TASK DESCRIPTION ▸
Only the text of the entries below should appear in your exact transcription; leave out every picture.
****************
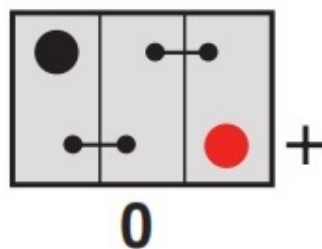

Terminal Type

T1

Standard DIN Post

Positive Terminal

Negative Terminal

Cell Assembly Layout

Battery Hold-down

Data Sheet generated on 03/02/2023 - E&OE
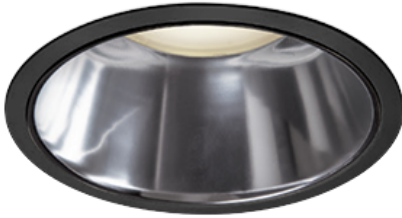

Item no. DD098-6515MB9030D

Series Name: Φ 150 Spark (Deep Cone)

Installation	Recessed mount
Type	
Fixture wattage	65.3W
Beam angle	22 deg
Color Temp.	3000K
CRI	Ra>90
Luminous	5829 lm
Body	Die-cast aluminum alloy
Body finish	N/A
Trim finish	Black
Reflector finish	Mirror
IP Rate	IP20
Light source	COB module
Input Voltage	AC220~240V
Dimming Type	Non-Dimmable
Certificate	CE, CCC
Cut Hole	150mm

Height (Weight)	Spot / Medium / Medium flood	Wide flood
65.3W	177 (1.4kg)	
48.5W	177 (1.5kg)	
44.3W	157 (1.2kg)	
33.8W	168 (1.1kg)	157 (1.1kg)
30.3W	168 (1.1kg)	157 (1.1kg)
23.0W	138 (0.9kg)	127 (0.9kg)
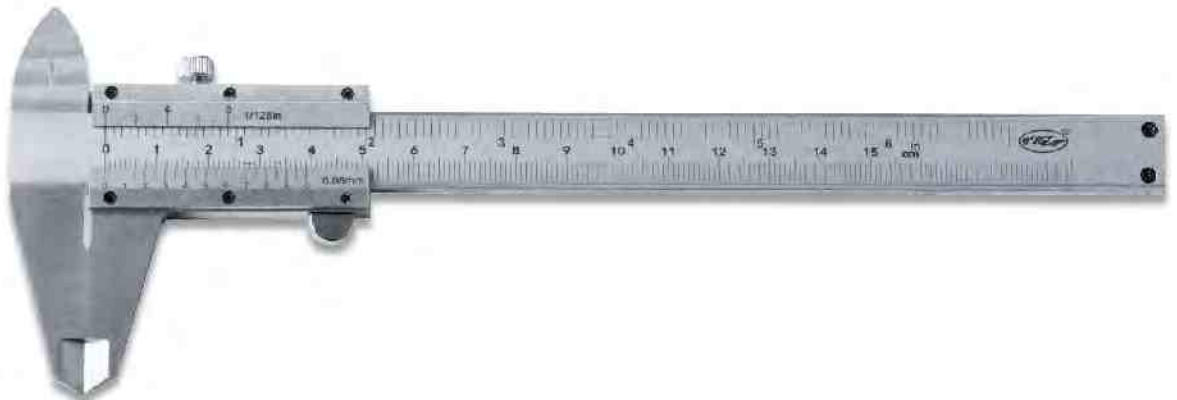

PT-19
VERNIER CALIPER
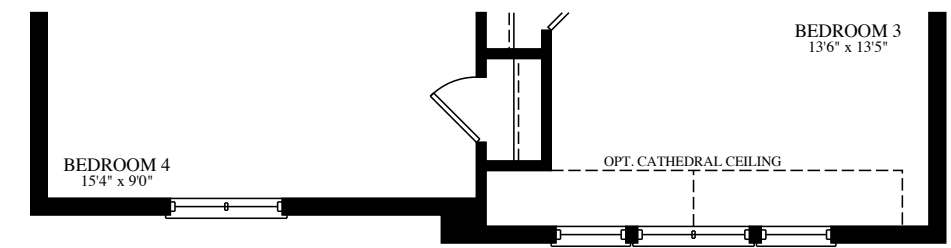

 The **Timberwood**

Elevation A • 2,445 sq.ft.

Elevation B • 2,382 sq.ft.

42'
SERIES
42-4

The Timberwood

42'
SERIES

SECOND FLOOR ELEVATION A

SECOND FLOOR ELEVATION B

GROUND FLOOR ELEVATION A

GROUND FLOOR ELEVATION B

BASEMENT ELEVATION A

BASEMENT ELEVATION B

Elevation A • 2,445 sq.ft.

Elevation B • 2,382 sq.ft.

42-4 **GOLDPARK**
WORTH MORE™

Prices, figures, illustrations, sizes, features and finishes are subject to change without notice. E.&O.E. Areas and dimensions are approximate and actual usable floor space may vary from the stated area. Layout may be reverse of the unit purchased. E. & O.E.
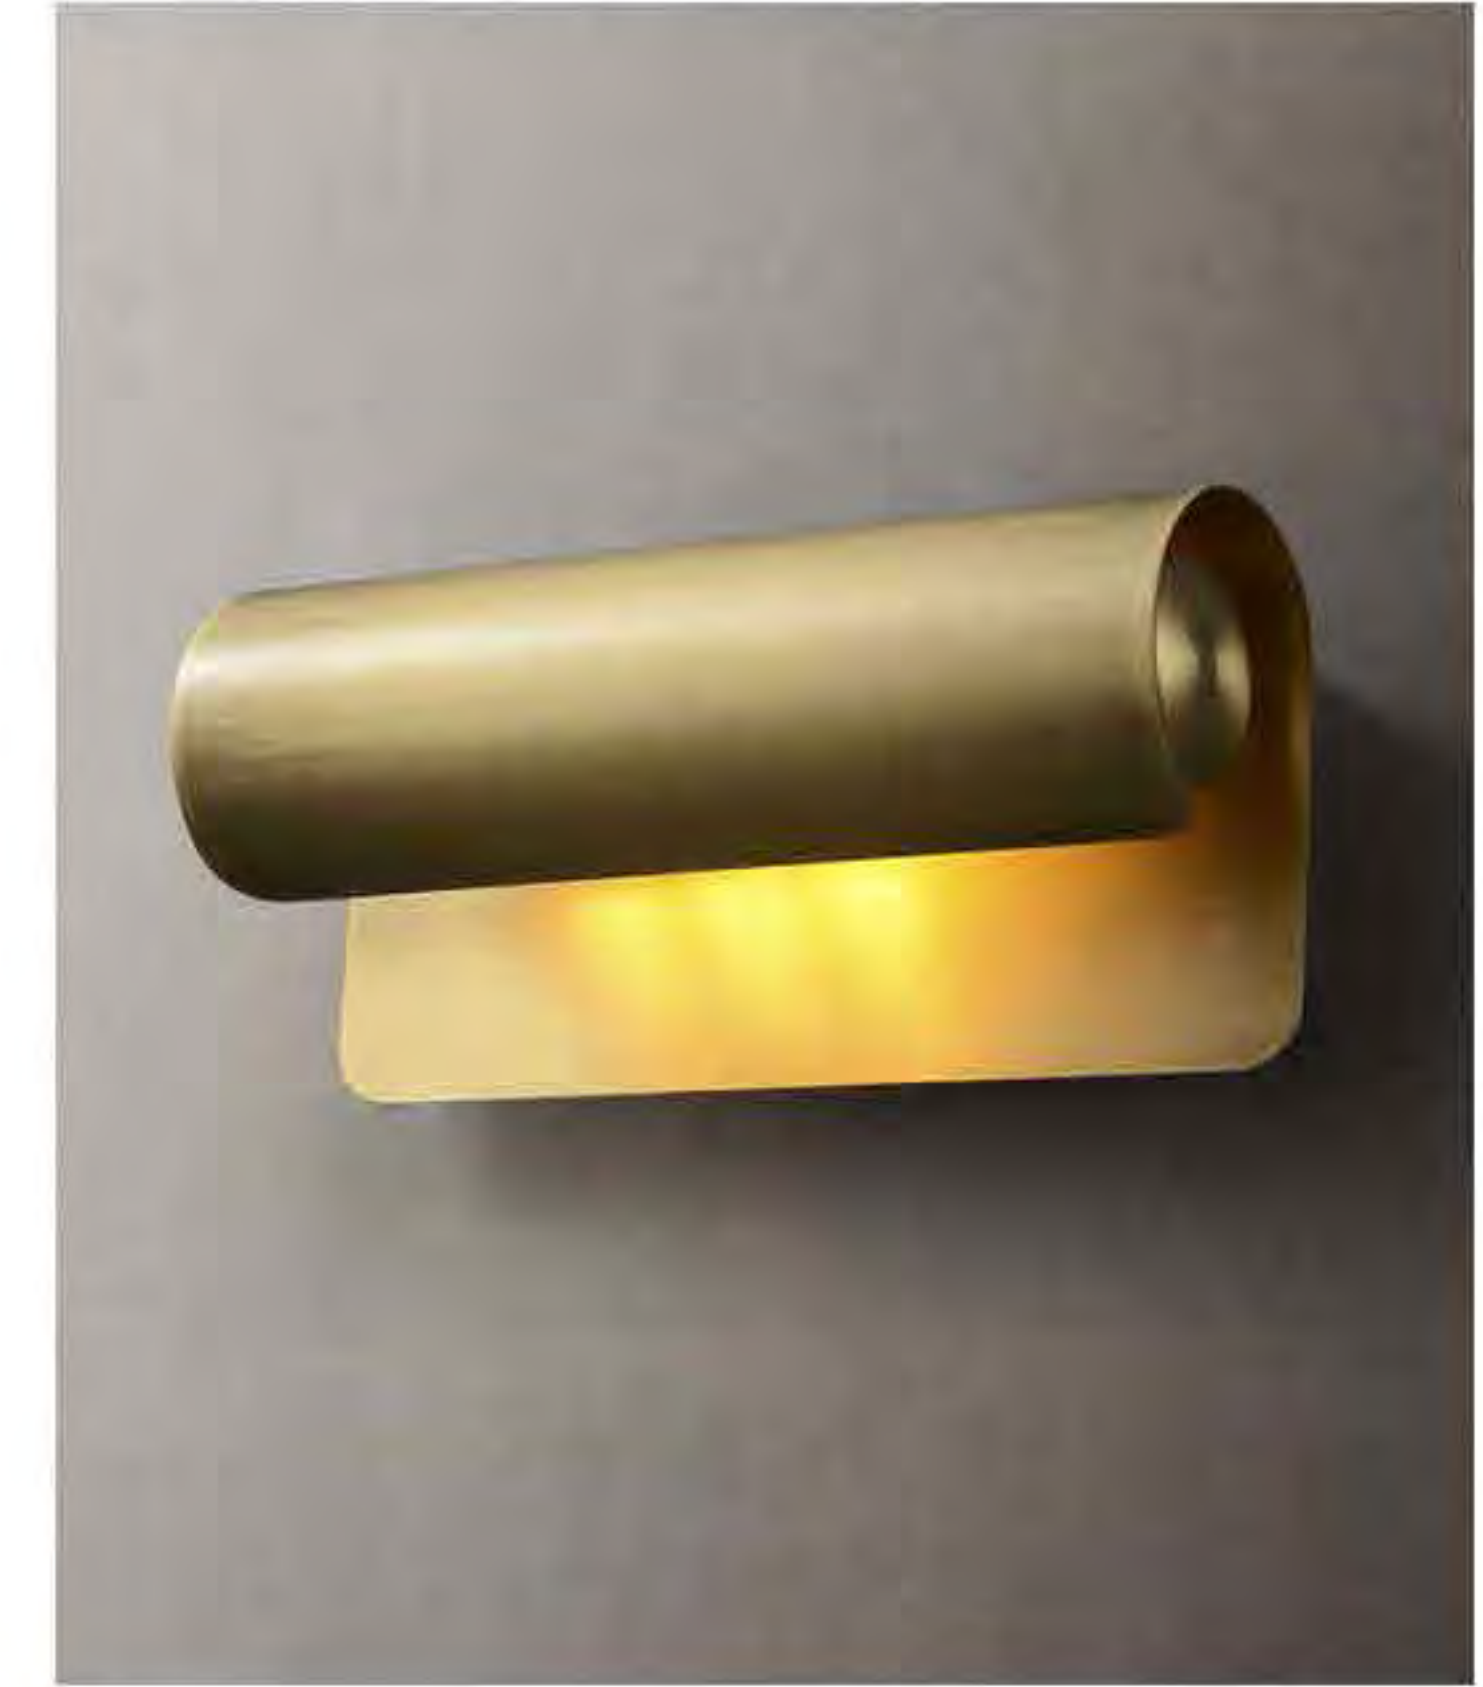

LC-39-C

Size: $\phi 250 \times H130$ mm
Material: Brass
Color: Bronze
Light Source: E14*1
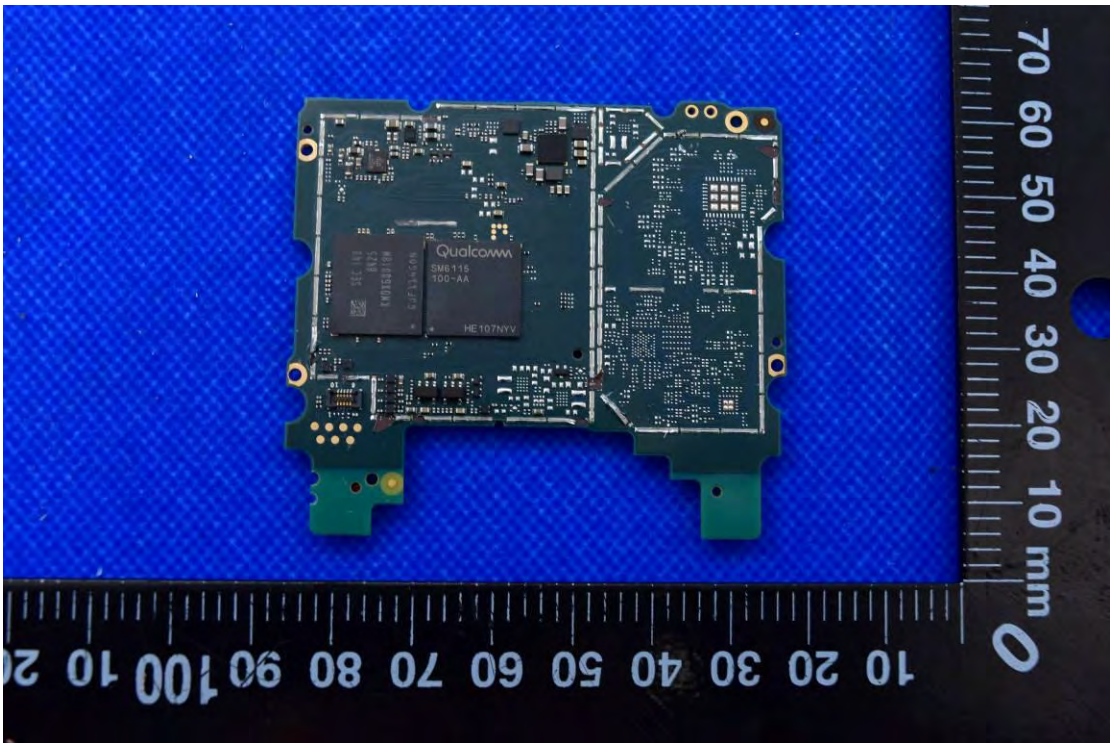

FCC ID: 2AC6AC66W

MODEL NAME: C66

Internal Photos

1. EUT uncover view

2. Antenna view
****************
EXERCISE ANSWER ▸
Terminal Type

T1

Standard DIN Post

Positive Terminal

Negative Terminal

Cell Assembly Layout

Battery Hold-down

Data Sheet generated on 03/02/2023 - E&OE

Item no. DD098-6515MB9030D

Series Name: Φ 150 Spark (Deep Cone)

Installation	Recessed mount
Type	
Fixture wattage	65.3W
Beam angle	22 deg
Color Temp.	3000K
CRI	Ra>90
Luminous	5829 lm
Body	Die-cast aluminum alloy
Body finish	N/A
Trim finish	Black
Reflector finish	Mirror
IP Rate	IP20
Light source	COB module
Input Voltage	AC220~240V
Dimming Type	Non-Dimmable
Certificate	CE, CCC
Cut Hole	150mm

Height (Weight)	Spot / Medium / Medium flood	Wide flood
65.3W	177 (1.4kg)	
48.5W	177 (1.5kg)	
44.3W	157 (1.2kg)	
33.8W	168 (1.1kg)	157 (1.1kg)
30.3W	168 (1.1kg)	157 (1.1kg)
23.0W	138 (0.9kg)	127 (0.9kg)

PT-19
VERNIER CALIPER

 The **Timberwood**

Elevation A • 2,445 sq.ft.

Elevation B • 2,382 sq.ft.

42'
SERIES
42-4

The Timberwood

42'
SERIES

SECOND FLOOR ELEVATION A

SECOND FLOOR ELEVATION B

GROUND FLOOR ELEVATION A

GROUND FLOOR ELEVATION B

BASEMENT ELEVATION A

BASEMENT ELEVATION B

Elevation A • 2,445 sq.ft.

Elevation B • 2,382 sq.ft.

42-4 **GOLDPARK**
WORTH MORE™

Prices, figures, illustrations, sizes, features and finishes are subject to change without notice. E.&O.E. Areas and dimensions are approximate and actual usable floor space may vary from the stated area. Layout may be reverse of the unit purchased. E. & O.E.

LC-39-C

Size: $\phi 250 \times H130$ mm
Material: Brass
Color: Bronze
Light Source: E14*1

FCC ID: 2AC6AC66W

MODEL NAME: C66

Internal Photos

1. EUT uncover view

2. Antenna view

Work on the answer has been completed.